Informality vs. formality

In some countries, such as Australia, where people are generally casual and laid back, they may try to diffuse any tension by approaching the conversation without too much fuss. In fact, they might even interpret an overtly formal setting as a sign that the situation was worse than they’d thought, which would put them on edge.

Yet in other countries, like Poland, people expect the degree of ceremony to match the gravity of the topic being discussed. Meeting in a formal office with some observance of protocol would be expected, as it conveys respect and shows a seriousness of purpose. In this case, being casual could come across as flippant or glib, or give the impression that the ramifications have not been sufficiently thought through.

The danger here is that someone from an informal culture may unintentionally appear like he didn’t care enough to make an effort, or may inadvertently undermine the topic he needs to discuss. At the same time, a person from a more formal culture might unwittingly up the ante and make her counterpart believe the situation is much direr than originally thought.

When you think of it this way, having a difficult conversation with someone from another culture can appear perilous — and it can be. So, what can you do about it?

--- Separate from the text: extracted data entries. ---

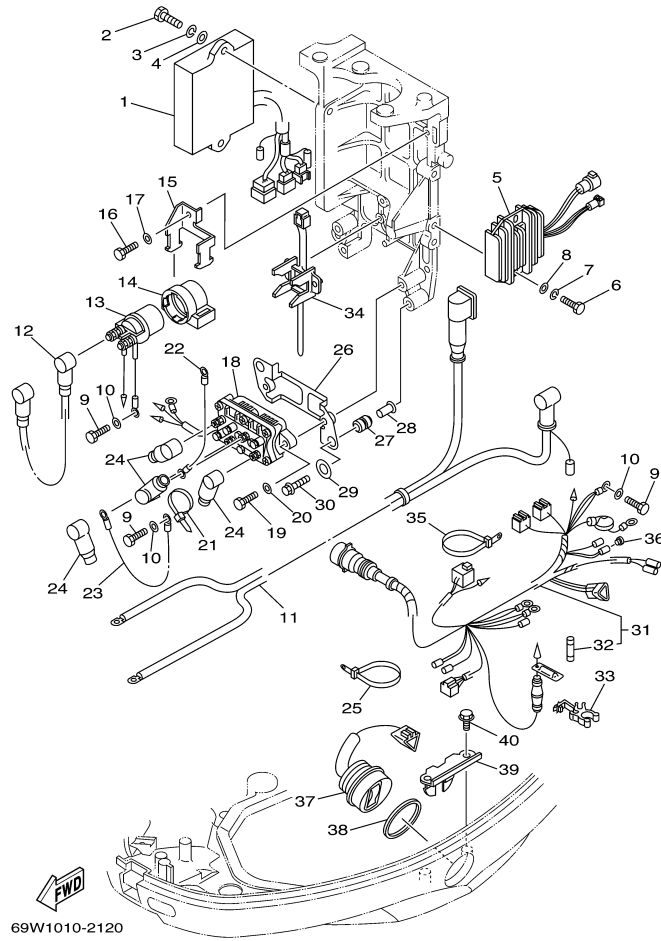

F60TLRB 2003 / ELECTRICAL 2

©2014 Yamaha Motor Corporation, U.S.A. All rights reserved.

Part List

F60TLRB 2003 / ELECTRICAL 2

REF - NO	PART NUMBER	PART NAME	QUANTITY	REMARKS
1	69W-85540-00-00	C.D.I. UNIT ASSY	1	
2	97095-06020-00	BOLT	2	
3	92995-06100-00	WASHER, SPRING	2	
4	92995-06600-00	WASHER	2	
5	64J-81960-00-00	RECTIFIER & REGULATOR ASSY	1	
6	97095-06025-00	BOLT	2	
7	92995-06100-00	WASHER, SPRING	2	
8	92995-06600-00	WASHER	2	
9	97095-06012-00	BOLT	3	
10	92995-06600-00	WASHER	3	
11	62Y-82105-U0-00	BATTERY CABLE	1	
12	6E5-82117-01-00	WIRE, LEAD	1	
13	6G1-81941-10-00	STARTER RELAY ASSY	1	
14	6G1-81952-00-00	HOLDER, RELAY	1	
15	6L2-81945-00-00	PLATE, SWITCH FITTING	1	
16	97095-06014-00	BOLT	1	
17	92995-06600-00	WASHER	1	
18	6H1-81950-00-00	RELAY ASSY	1	
19	97095-06020-00	BOLT	2	
20	92995-06600-00	WASHER	2	
21	90465-13M11-00	CLAMP	1	
22	6H2-81949-01-00	WIRE, LEAD	1	
23	61A-81949-00-00	WIRE, LEAD	1	
24	682-82119-01-00	COVER, LEAD WIRE	4	
25	90465-13M24-00	CLAMP	1	
26	62Y-81948-00-00	BRACKET	1	
27	6A0-82317-00-00	DAMPER, IGNITION COIL	2	
28	624-42542-00-00	PIPE	2	
29	90201-12M16-00	WASHER, PLATE	2	
30	95895-06025-00	BOLT, FLANGE	2	
31	69W-82590-00-00	WIRE HARNESS ASSY	1	
32	663-82151-00-00	.FUSE (12V-20A)	1	
33	6G5-82152-00-00	HOLDER, FUSE	1	
34	688-82594-00-00	CLAMP	1	
35	90465-13M24-00	CLAMP	1	
36	703-82119-00-00	COVER, LEAD WIRE	2	
37	63D-82563-10-00	TRIM & TILT SWITCH ASSY	1	
38	6E5-82587-00-00	GASKET	1	
39	62Y-83614-00-00	BRACKET	1	
40	90109-06M86-00	BOLT	2

  • Survey the landscape of the conversation you need to have, and identify potential places where these trip wires might ensnare you.
  • Take stock of what you know about the other person and her culture. If you don’t know anything at all, now is a good time to do some research, because chances are that if it’s a difficult conversation you have to have, then it’s also an important one.
  • Look for places where you can overlap with their style. For most people, it’s not all or nothing. Someone from a task-oriented culture can preface what they say with five to ten minutes of tea and conversation about the relationship, for example, and someone from a more formal culture can intentionally dial down the seriousness for one conversation.
  • Focus on the trip wire that matters the most. If it’s too much pressure to sail over all four of these, prioritize the one you think could be most vital in this particular context.

By definition, it’s never easy to have a difficult conversation. However, when we have these across cultures, it can be downright confounding. By being mindful of these trip wires and delicately stepping over and around them, you can prevent the conversation style from getting in the way of the content.